如果只需要處理部分 response content,可直接呼叫 response.close,就不需要消化所有的 response content,但 connection 也無法被 reused。
CloseableHttpClient httpclient = HttpClients.createDefault();
HttpGet httpget = new HttpGet("http://localhost/");
CloseableHttpResponse response = httpclient.execute(httpget);
try {
HttpEntity entity = response.getEntity();
if (entity != null) {
InputStream instream = entity.getContent();
int byteOne = instream.read();
int byteTwo = instream.read();
// Do not need the rest
}
} finally {
response.close();
}
Consuming entity content
最好的方式是呼叫 HttpEntity#getContent() 或是 HttpEntity#wrtieTo(OutputStream),但 HttpClient 同時也提供 EntityUtils 類別有多個處理 content 的 static methods,不建議使用 EntityUtils,除非 response 是由 trusted HTTP server 回傳,且是有限的長度。

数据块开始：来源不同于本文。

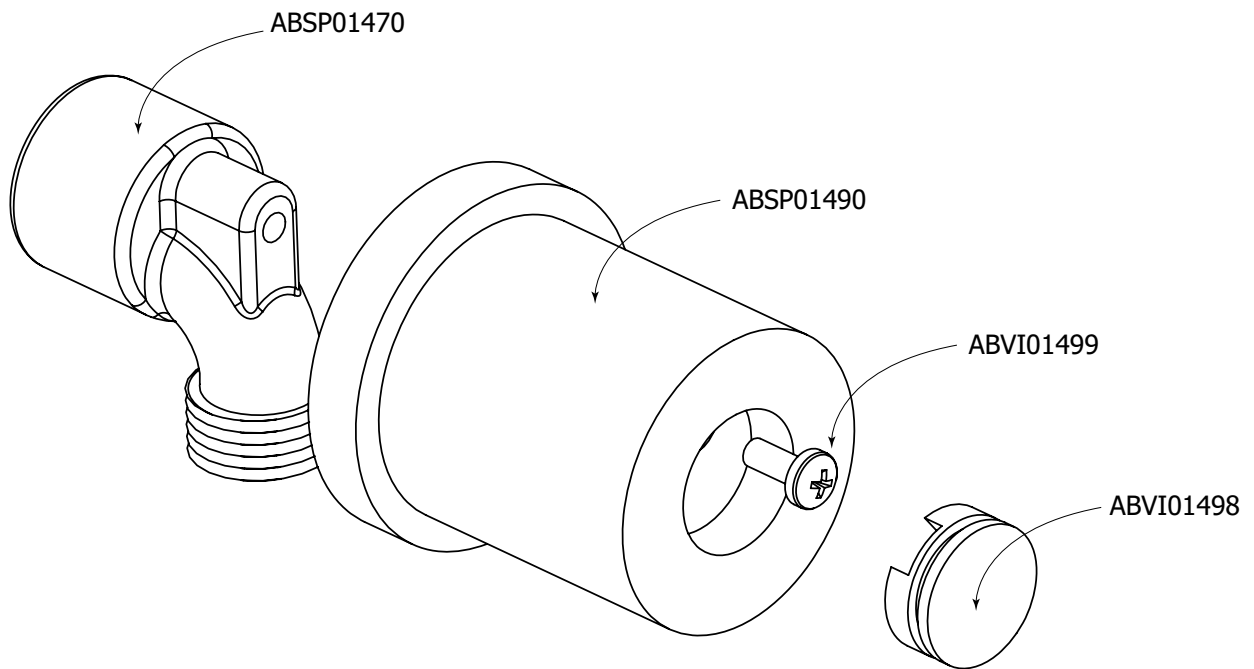

EXPLOSION PARTS

CloseableHttpClient httpclient = HttpClients.createDefault();
HttpGet httpget = new HttpGet("http://localhost/");
CloseableHttpResponse response = httpclient.execute(httpget);
try {
HttpEntity entity = response.getEntity();
if (entity != null) {
long len = entity.getContentLength();
if (len != -1 && len < 2048) {
System.out.println(EntityUtils.toString(entity));
} else {
// Stream content out
}
}
} finally {
response.close();
}
如果需要多次讀取整個 entity content,最簡單的方式是以 BufferedHttpEntity class 封裝原本的 entity,這可讓 content 放如 in-memory buffer。
CloseableHttpResponse response = <...>
HttpEntity entity = response.getEntity();
if (entity != null) {
entity = new BufferedHttpEntity(entity);
}
Producing entity content
StringEntity, ByteArrayEntity, InputSreamEntity, FileEntity 可用來透過 HTTP connetion stream out 資料。InputStreamEntity 只能被使用一次,不能重複讀取資料。
File file = new File("somefile.txt");
FileEntity entity = new FileEntity(file,
ContentType.create("text/plain", "UTF-8"));
HttpPost httppost = new HttpPost("http://localhost/action.do");
httppost.setEntity(entity);
HTML forms
UrlEncodedFormEntity 模擬 submitting an HTML form。以下等同用 POST method 發送 param1=value1¶m2=value2。
List<NameValuePair> formparams = new ArrayList<NameValuePair>();
formparams.add(new BasicNameValuePair("param1", "value1"));
formparams.add(new BasicNameValuePair("param2", "value2"));
UrlEncodedFormEntity entity = new UrlEncodedFormEntity(formparams, Consts.UTF_8);
HttpPost httppost = new HttpPost("http://localhost/handler.do");
httppost.setEntity(entity);
Content chunking
可直接呼叫 HttpEntity#setChunked(true) 建議分塊處理 content,但如果遇到不支援的 HTTP/1.0,還是會忽略這個設定值。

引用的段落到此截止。